What you should do:
Nothing but the images should be left out when the entries are restated word for word.
===== Provided information
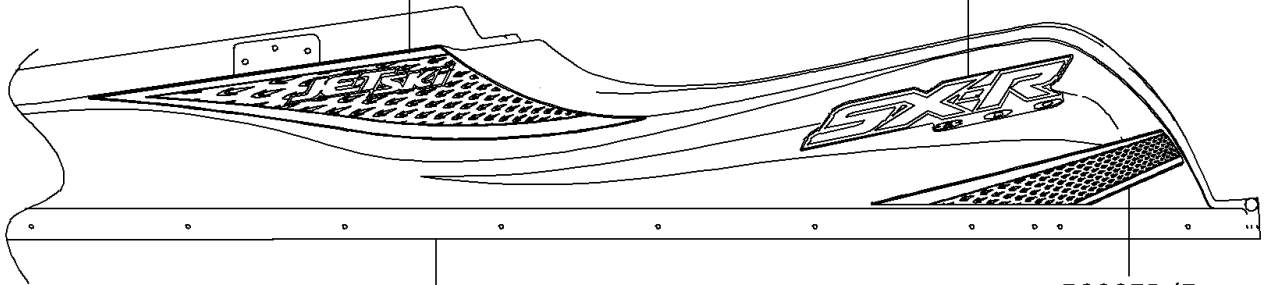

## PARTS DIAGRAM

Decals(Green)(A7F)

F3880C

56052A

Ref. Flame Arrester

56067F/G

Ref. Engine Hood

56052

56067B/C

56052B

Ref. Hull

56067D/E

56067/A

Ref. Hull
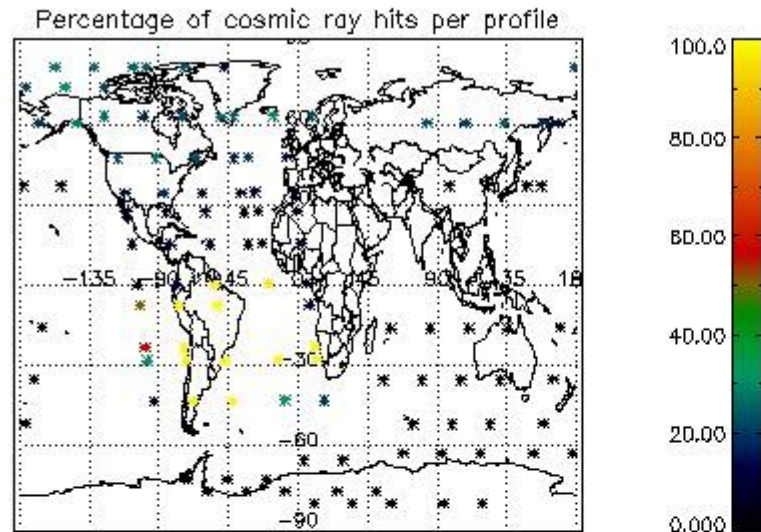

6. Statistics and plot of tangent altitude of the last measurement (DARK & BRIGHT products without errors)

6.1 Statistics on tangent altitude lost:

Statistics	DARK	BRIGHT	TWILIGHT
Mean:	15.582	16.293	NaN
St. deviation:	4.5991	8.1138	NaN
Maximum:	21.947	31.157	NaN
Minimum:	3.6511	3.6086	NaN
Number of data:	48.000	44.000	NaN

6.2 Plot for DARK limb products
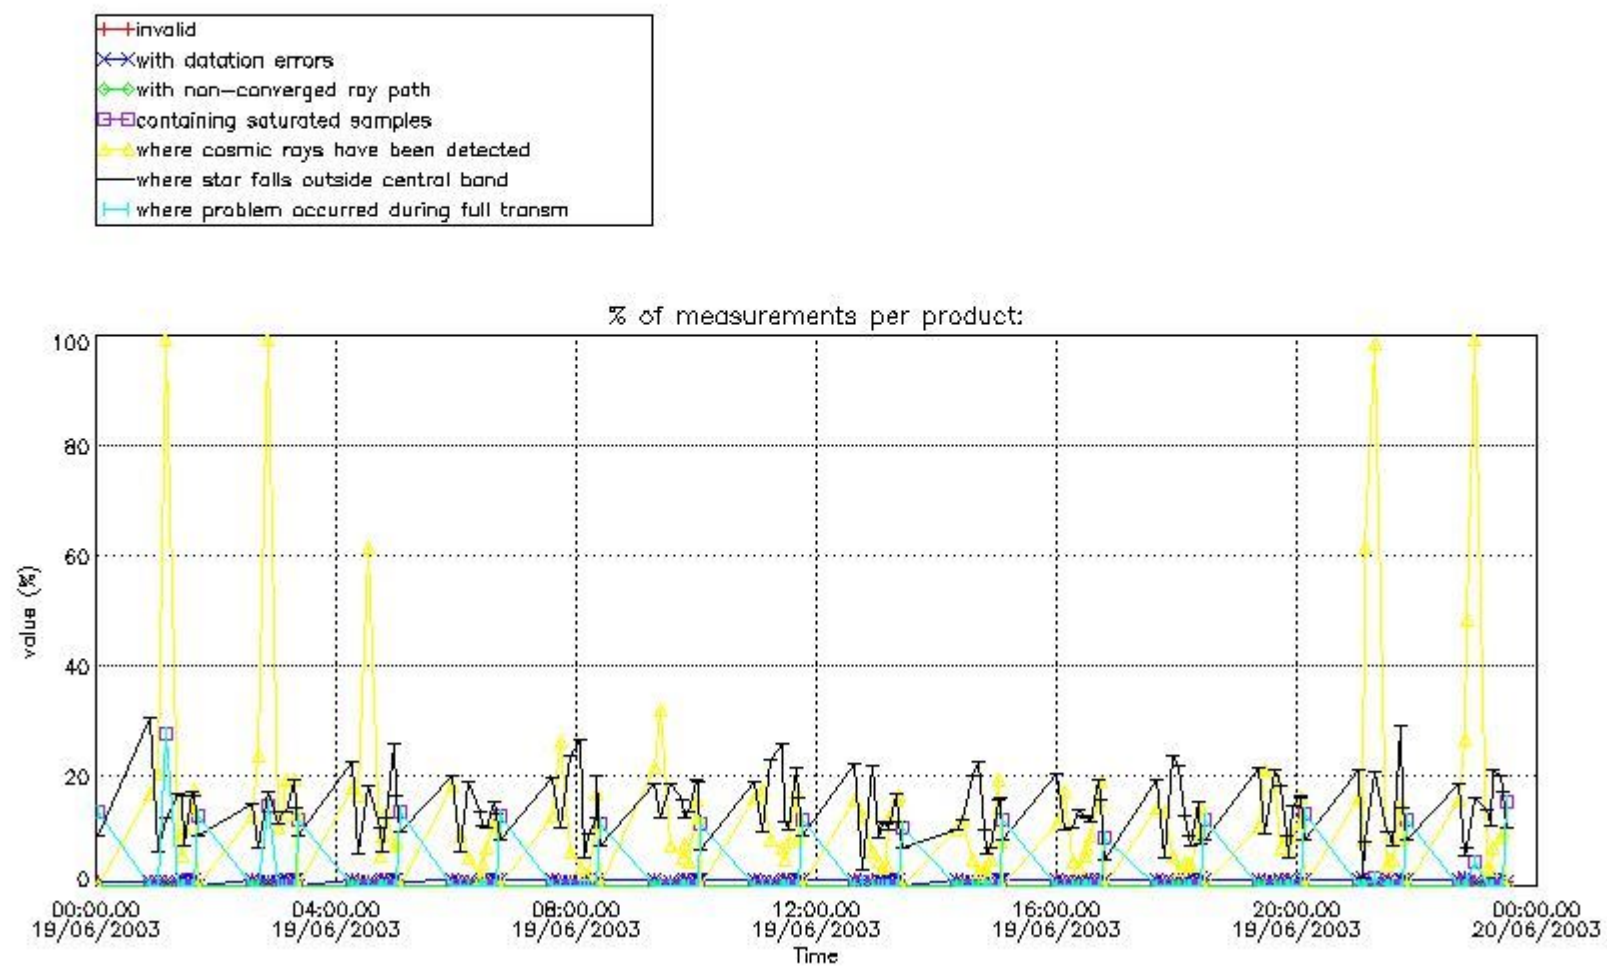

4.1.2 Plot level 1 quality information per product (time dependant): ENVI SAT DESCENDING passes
==========
Exercise solution:
## PARTS DIAGRAM

Decals(Green)(A7F)

F3880C

56052A

Ref. Flame Arrester

56067F/G

Ref. Engine Hood

56052

56067B/C

56052B

Ref. Hull

56067D/E

56067/A

Ref. Hull

6. Statistics and plot of tangent altitude of the last measurement (DARK & BRIGHT products without errors)

6.1 Statistics on tangent altitude lost:

Statistics	DARK	BRIGHT	TWILIGHT
Mean:	15.582	16.293	NaN
St. deviation:	4.5991	8.1138	NaN
Maximum:	21.947	31.157	NaN
Minimum:	3.6511	3.6086	NaN
Number of data:	48.000	44.000	NaN

6.2 Plot for DARK limb products

4.1.2 Plot level 1 quality information per product (time dependant): ENVI SAT DESCENDING passes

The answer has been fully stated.